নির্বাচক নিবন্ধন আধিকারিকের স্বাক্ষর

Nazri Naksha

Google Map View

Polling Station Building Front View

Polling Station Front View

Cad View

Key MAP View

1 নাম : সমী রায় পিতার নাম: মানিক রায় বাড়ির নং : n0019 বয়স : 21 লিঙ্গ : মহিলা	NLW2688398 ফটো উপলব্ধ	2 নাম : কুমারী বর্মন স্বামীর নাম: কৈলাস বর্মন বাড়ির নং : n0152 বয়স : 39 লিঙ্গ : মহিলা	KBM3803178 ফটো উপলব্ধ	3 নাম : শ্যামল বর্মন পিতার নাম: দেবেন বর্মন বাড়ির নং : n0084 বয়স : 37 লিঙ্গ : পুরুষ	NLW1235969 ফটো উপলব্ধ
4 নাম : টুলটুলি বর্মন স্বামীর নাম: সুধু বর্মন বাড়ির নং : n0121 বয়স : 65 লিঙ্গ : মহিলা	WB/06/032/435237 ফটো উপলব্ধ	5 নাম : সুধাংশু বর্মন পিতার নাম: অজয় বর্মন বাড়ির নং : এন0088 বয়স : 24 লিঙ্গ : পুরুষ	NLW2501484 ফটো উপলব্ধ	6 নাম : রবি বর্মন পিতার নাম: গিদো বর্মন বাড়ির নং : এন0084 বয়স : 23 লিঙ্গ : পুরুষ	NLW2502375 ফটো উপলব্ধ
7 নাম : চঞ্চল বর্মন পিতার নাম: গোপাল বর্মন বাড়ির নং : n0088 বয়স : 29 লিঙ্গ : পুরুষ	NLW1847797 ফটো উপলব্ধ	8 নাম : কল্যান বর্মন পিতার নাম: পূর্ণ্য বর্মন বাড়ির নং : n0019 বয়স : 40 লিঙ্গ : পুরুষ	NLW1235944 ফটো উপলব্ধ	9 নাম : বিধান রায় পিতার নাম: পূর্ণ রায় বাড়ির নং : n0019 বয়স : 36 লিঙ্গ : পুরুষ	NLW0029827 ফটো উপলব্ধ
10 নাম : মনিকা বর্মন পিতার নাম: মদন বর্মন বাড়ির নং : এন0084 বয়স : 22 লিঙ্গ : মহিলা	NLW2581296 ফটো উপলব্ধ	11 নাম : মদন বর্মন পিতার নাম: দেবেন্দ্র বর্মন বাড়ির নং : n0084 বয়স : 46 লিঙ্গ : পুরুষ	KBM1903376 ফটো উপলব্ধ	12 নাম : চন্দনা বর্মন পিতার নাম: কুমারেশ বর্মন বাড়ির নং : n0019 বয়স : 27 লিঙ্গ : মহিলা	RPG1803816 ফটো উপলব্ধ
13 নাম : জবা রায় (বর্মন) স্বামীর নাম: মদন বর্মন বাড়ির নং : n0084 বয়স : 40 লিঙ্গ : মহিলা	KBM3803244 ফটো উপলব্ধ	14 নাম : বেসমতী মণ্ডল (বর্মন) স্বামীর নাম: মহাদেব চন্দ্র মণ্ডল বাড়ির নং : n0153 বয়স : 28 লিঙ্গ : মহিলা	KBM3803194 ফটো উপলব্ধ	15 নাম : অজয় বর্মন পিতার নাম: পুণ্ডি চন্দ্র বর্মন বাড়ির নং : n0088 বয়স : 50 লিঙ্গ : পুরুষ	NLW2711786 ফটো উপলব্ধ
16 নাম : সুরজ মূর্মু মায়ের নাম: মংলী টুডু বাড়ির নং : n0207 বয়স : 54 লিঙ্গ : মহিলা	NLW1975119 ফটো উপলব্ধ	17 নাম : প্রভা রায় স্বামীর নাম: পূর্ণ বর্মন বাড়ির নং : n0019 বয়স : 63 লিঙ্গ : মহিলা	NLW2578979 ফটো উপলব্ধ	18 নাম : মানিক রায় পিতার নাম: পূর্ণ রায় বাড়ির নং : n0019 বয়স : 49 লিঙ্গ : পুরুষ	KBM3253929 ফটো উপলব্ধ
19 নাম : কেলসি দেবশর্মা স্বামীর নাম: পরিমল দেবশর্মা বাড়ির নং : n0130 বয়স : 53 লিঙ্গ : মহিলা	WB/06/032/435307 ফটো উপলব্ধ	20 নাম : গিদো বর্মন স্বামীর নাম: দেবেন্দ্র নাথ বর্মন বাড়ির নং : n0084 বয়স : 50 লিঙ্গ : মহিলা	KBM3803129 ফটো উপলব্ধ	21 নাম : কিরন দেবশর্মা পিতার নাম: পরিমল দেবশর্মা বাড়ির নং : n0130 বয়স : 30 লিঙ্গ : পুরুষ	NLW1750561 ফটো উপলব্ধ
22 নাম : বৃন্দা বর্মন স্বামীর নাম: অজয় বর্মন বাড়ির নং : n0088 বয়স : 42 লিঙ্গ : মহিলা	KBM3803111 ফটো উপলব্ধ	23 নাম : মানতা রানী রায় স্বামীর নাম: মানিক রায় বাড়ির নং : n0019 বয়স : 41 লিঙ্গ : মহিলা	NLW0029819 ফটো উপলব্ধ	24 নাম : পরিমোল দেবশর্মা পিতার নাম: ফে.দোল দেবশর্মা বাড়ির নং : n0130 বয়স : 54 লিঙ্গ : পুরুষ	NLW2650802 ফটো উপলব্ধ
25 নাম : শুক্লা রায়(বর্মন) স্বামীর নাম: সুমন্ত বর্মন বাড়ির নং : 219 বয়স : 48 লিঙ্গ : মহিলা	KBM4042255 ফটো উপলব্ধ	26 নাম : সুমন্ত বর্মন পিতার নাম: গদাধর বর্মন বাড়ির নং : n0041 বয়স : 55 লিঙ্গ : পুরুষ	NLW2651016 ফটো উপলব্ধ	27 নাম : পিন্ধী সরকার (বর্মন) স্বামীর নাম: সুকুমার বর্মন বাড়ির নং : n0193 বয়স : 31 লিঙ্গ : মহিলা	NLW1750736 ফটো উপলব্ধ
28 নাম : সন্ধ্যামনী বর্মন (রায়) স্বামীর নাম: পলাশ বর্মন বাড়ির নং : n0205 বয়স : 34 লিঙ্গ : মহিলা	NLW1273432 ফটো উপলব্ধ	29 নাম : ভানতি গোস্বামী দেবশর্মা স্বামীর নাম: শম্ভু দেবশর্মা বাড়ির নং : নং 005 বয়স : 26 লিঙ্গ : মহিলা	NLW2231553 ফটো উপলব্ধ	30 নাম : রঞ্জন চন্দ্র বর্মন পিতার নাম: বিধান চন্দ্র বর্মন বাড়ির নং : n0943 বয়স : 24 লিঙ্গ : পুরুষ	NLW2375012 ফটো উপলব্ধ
┄┄┄┄┄┄
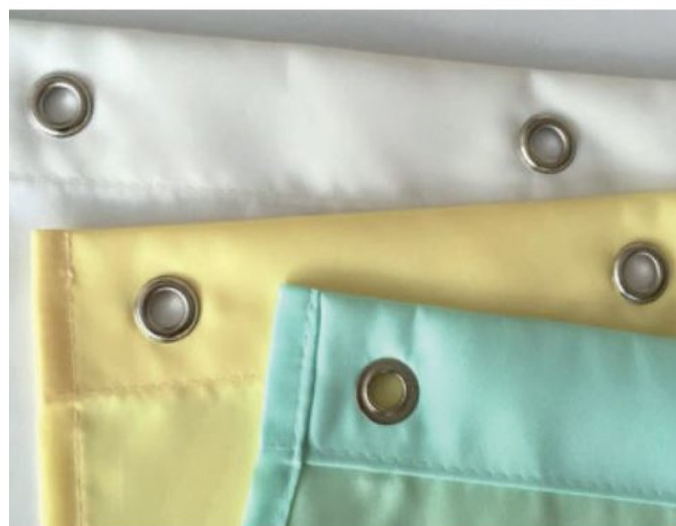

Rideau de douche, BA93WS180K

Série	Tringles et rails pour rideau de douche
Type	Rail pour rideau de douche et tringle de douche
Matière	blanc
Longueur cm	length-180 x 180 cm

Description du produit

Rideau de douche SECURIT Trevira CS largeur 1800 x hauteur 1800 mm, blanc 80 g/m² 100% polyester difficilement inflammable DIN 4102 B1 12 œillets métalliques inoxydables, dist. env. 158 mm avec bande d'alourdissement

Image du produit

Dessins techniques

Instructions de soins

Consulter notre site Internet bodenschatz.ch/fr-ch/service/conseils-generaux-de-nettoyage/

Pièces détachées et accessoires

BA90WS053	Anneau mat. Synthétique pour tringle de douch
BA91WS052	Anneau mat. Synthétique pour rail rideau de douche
┄┄┄┄┄┄
## YOUR GOAL
Give back exactly the lines above, from the line containing "Pièces détachées et accessoires" through the line containing "rail rideau de douche", with both end lines and nothing more.

## TASK SOLUTION
Pièces détachées et accessoires

BA90WS053	Anneau mat. Synthétique pour tringle de douch
BA91WS052	Anneau mat. Synthétique pour rail rideau de douche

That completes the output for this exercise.